Contemporary India has been marked by a discord between the judiciary and the religious institutions. The battle can be largely explained as a standoff between people’s religious practices and democratic thoughts. The idea of democracy stresses upon the equality of individuals, equality in managing their own religious affairs and so on. The constitution of India, in particular, puts special emphasis on the concept of ‘Secularism’, ‘Freedom of Religion’ and even the ‘Rights of the Deity’.[1]


The common law countries practice the precedent set by the English court in the landmark case of Davie v. Benson, wherein the court defined religion in the following manner:

“A system of doctrines and beliefs which are regarded by its adherents as conducive to their spiritual well being. A religion may or may not lay down a code of rules for its followers to accept, prescribe rituals and observances, ceremonies and modes of worship which are regarded as integral parts of religion. However, it would be incorrect to declare that religion is nothing but a doctrine or belief”.[2]


Further, in India, the Andhra High Court’s landmark ruling in “N Veerabrahmam vs State Of Andhra Pradesh” stated that:

“India is a pluralistic society, dawned and dotted by all the major world religions. There are innumerable religious groups that practise diverse forms of worship. This is especially true amongst the majority Hindu community, where different sects and denominations maintain their own form of religious practice. Due to the lack of codification of Hindu customs and laws, there exist several religious denominations which practice a form of worship that is extremely distinct from the larger community. Religion in certain such cases can be associated with a particular form of worship and the community can be totally different from the rest of the community.[3] It would, therefore, be difficult to devise a definition of the Hindu religion that would be regarded as applicable to all the denominations. Lastly, it is extremely crucial to understand that- ‘To one class of persons a mere dogma or a doctrine may be predominant in the matter of religion; to others, rituals or ceremonies may be predominant facets of religion; and to yet another class of persons a code of conduct or a mode of life may constitute religion’.”[4]


II. Seeds of controversy

Keeping the aforementioned in mind, separating religion from state, as well as for opting for a “progressive and modernist” approach, is a murky task. The Sabarimala temple’s legal tryst started in the year 1991, when the Kerala high court in the case of S.Mahendran v. the Secretary, Travancore held that the exclusion of women entering into the temple was constitutional and just as it was a long-standing custom prevailing since time immemorial.[5] Later this judgement was challenged by the Indian Young Lawyers Association, where a public interest litigation (PIL) was filed in the Supreme Court, stating Article 14 of the constitution was being violated by the Kerala High Court’s judgement.[6]

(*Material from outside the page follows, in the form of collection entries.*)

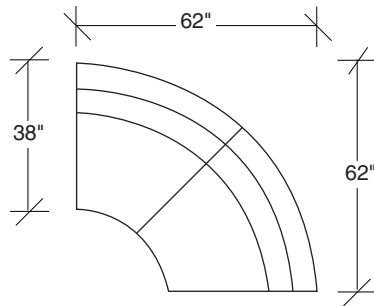

1011-435
LEFT BUMPER

1011-436
RIGHT BUMPER

1011-213
LEFT CURVED
BUMPER SOFA

1011-214
RIGHT CURVED
BUMPER SOFA

1011-000
OTTOMAN

1011-210
CURVED CORNER

1011-308
SOFA

Radius
1011 - Series

Scale 1/4" = 1'0"
All upholstery sizes are approximate
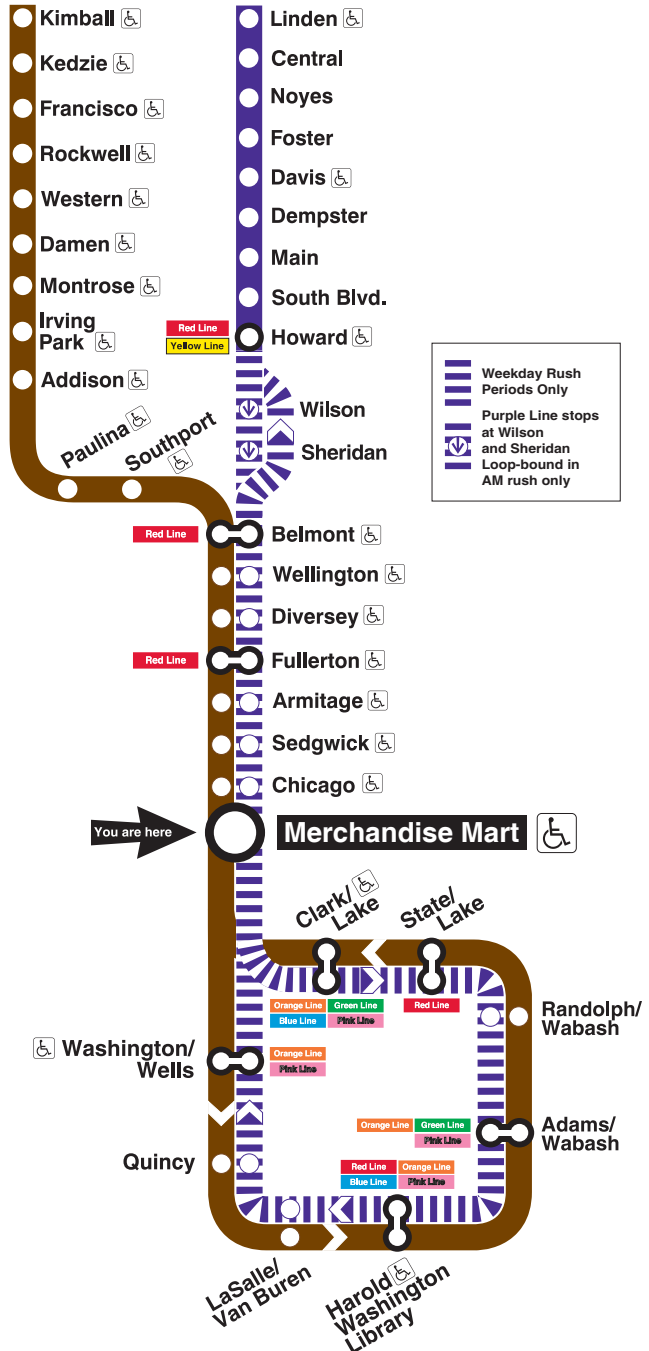

Purple Line Trains

To Linden

Weekdays
6:17am first train for AM rush
6:31am 6:44 6:56
7:08am 7:21 7:33 7:46 7:58
8:10am 8:22 8:29 8:35 8:42 8:58
9:00am 9:12 9:24 9:34 9:45 9:57
10:08am 10:20 last trains for AM rush
3:26pm 3:38 3:50 first trains for PM rush
4:02pm 4:14 4:26 4:38 4:50 4:56
5:04pm 5:10 5:17 5:23 5:29 5:35 5:40 5:46 5:52
6:03pm 6:15 6:26 6:38 6:50
7:01pm 7:13 7:25 last trains for PM rush

To Loop

Weekdays
6:02am first train for AM rush
6:16am 6:28 6:40 6:52
7:04am 7:16 7:29 7:41 7:53
8:05am 8:12 8:18 8:24 8:30 8:42 8:54
9:06am 9:17 9:28 9:40 9:52
10:04am last train for AM rush
3:09pm first train for PM rush
3:21pm 3:33 3:45 3:57
4:09pm 4:21 4:32 4:38 4:45 4:58
5:04pm 5:10 5:16 5:22 5:28 5:34 5:45 5:57
6:09pm 6:21 6:33 6:45 6:57
7:09pm last train for PM rush

Purple Line service operates to Loop during weekday rush periods only. During all other times, take a Brown Line train toward Kimball to Fullerton or Belmont and transfer to a Red Line train toward Howard. Transfer at Howard for Purple Line service.

Travel Information:

- Phone: 312-836-7000
- TTY: 312-836-4949
- Website: transitchicago.com

Customer Information:

- Phone: 1-888-YOUR-CTA (1-888-968-7282)
- TTY: 1-888-CTA-TTY1 (1-888-282-8891)
- Website: transitchicago.com

Train Tracker Real-Time Arrivals:

- For next train arrival times on your computer or smartphone, visit transitchicago.com/traintracker.
- For next train arrival times on your mobile phone, text CTATRAIN MART to 41411.
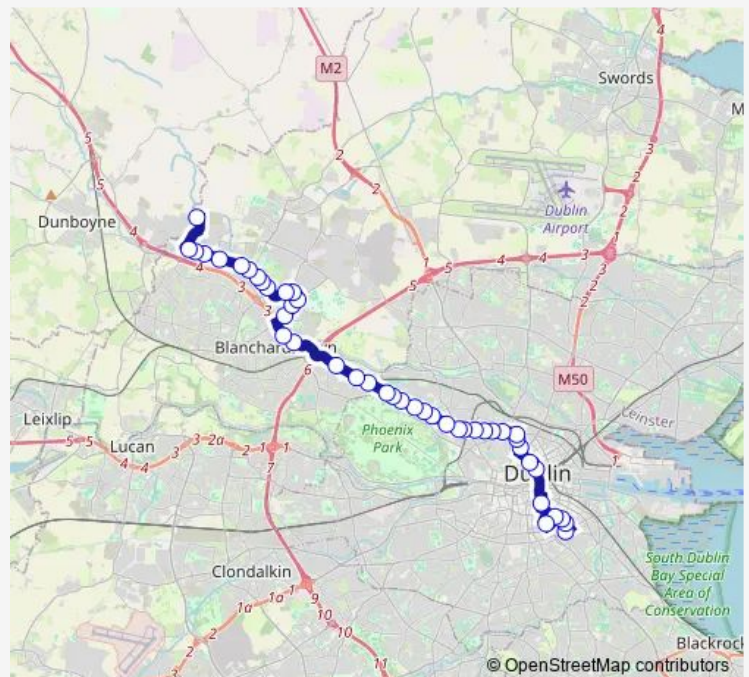

Bus 38A Damastown via Navan Rd - Burlington Rd

[Go to website](#)

Direction

Damastown Ibm — Burlington Road

60 stops

[Open route schedule](#)

- Damastown Ibm
- IBM Campus
- Damastown Road
- Damastown Green
- Damastown Ind Park
- Damastown Close
- Lady's Well Road
- Parslickstown Ave
- Castlecurragh Vale
- Castlecurragh Heath
- Warrenstown Green
- Blackcourt Road
- Corduff Park
- Corduff Grove
- Blanchardstown Rd N
- Corporate Park
- Corporate Park 2
- Ballycoolin Bus Pk
- IDA Ireland
- Indoor Arena
- Waterville Road

Route info

Direction: Damastown Ibm

Stops: 60

Trip Duration: 1 hour 25 min

38A — Damastown via Navan Rd - Burlington Rd

Waterville Row

Blanchardstown Vlge

Church Road

This raised an extremely important question:


Who has the right to decide the validity of the practices of a temple and classify them?


In the 1991 judgement, the Kerala High Court citing the concept of ‘Freedom of religion’ held that the right to make the final call in all such matters should be with the Trivandrum Devaswom Board. This was done citing Article 26 of the Indian Constitution, which guarantees any denomination based on religion, “the right to manage its internal religious affairs”. This was moreover aided by Rule 3(b) of the Kerala Hindu Places of Public Worship (Authorisation of Entry) Rules, 1965 which protect the custom of Sabarimala temple.[7]


The rule permitted the Devaswom board to exclude women from the Sanctum sanctorum of the temple due to the prevailing ‘custom.’ This authority was challenged by the Young India Lawyers Association, which questioned this prohibition. In 2018, the apex court, in a 4:1 majority, held that the exclusion of women violated the fundamental rights enshrined in the constitution. It further added that Rule 3(b) of the Public Worship Rules was unconstitutional. However, what was remarkable was the dissent penned by the single woman judge, Justice Indu Malhotra. Justice Malhotra, in her judgement, stated that “in a secular country, it is not for the Courts to interfere in matters pertaining to religion. Reformation of customs must be left to those practising the religion and faith.”[8]


III. The Dissent

Justice Indu Malhotra, in her dissenting note specifically highlighted two factors that were the cornerstone of her judgement- the first included the questions of legality and the ‘wrong’ precedent the court may set by divulging in this case. The second one was rather convoluted dealing with the concept of Essential Religious Practices, and the scope of judicial intervention in such cases.[9]


Elaborating on the first point, Justice Malhotra stated that if the Supreme Court entertained such PILs then, there might be a scenario wherein the already overburdened courts might get further piled up by an influx of cases regarding “religious sentiments by persona non grata of Public Interest Litigation.” She further stated that it doesn’t make sense for “a person who does not belong to that specific religion and subscribes to the specific religion has no right to approach the court under constitutional remedies of the Indian Constitution because the person cannot be said to be aggrieved”.[10] This was in particular raised in the dissenting note as the petition did not arise out of some aggrieved devotee, but rather from an independent organisation.[11]


The last aspect that was raised in her dissent was the tacit inclusion of Articles 25 and 26 of the Indian Constitution which guarantees religious freedom and rights to denominations in India.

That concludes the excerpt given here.